** DATA follows **

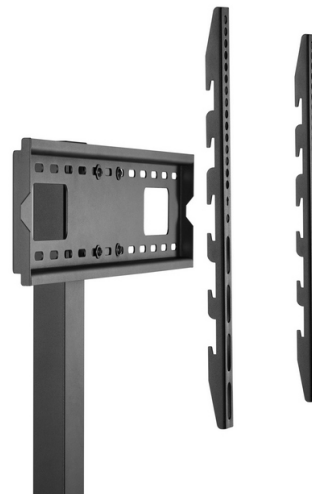

650613 37"-75" TV Floor Stand

Product Images

Short Description

1. VESA support Max. 600 x 400
2. Max. loading capacity: 40kg
3. Free-tilting design for multiple monitor viewing angles
4. Height of the TV is adjustable
5. Equipment Shelf: provides more storage space for accessories
6. Build-in cable management
7. VESA standards compliant

Description

The equip® 650613 Monitor Desk Mount Bracket is a compact but sturdy product that ensures a reliable installation of your LCD/LED monitor. Follow the graphic guide included in the package, you can install your

monitor on your own with ease.

This TV Floor Stand is perfect for places without mountable options. Made of solid steel construction and melamine laminate wood finish base for storage and show, swivel, height adjustable, organizable, easy assemble, cable manageable

Installation Video:

Additional Information

Color	Black
EAN	4015867230947
Model Number	650613
VESA support	200 x 200, 300 x 200, 300 x 300, 400 x 200, 400 x 300, 400 x 400, 600 x 400
Compatible Display Size	37"-75"
Compatible display size	37"-75"
Approval and Compliance	REACH, RoHS
Package Contents	650613 Manual screws kits
Product weight (kg)	13.37
Dimensions (W x D x H)	660 x 400 x 1466 mm
VESA compatibility	200x200,300x200,400x200, 300x300,400x300,400x400, 600x400
Load Capacity (kg)	40kg
Cable management	Yes
Bracket type	Swivelable
Screens support quantity	1
Material	Stainless Steel
Support Curved TV (Monitors)	Yes
Mount	Desk mount
Pan (Swivel) range	±35°

** End of DATA **

## EXERCISE REQUIREMENTS
Make a tally of the lines in this material that hold the string "management", then give that number without any other words.

## ANSWER SECTION
2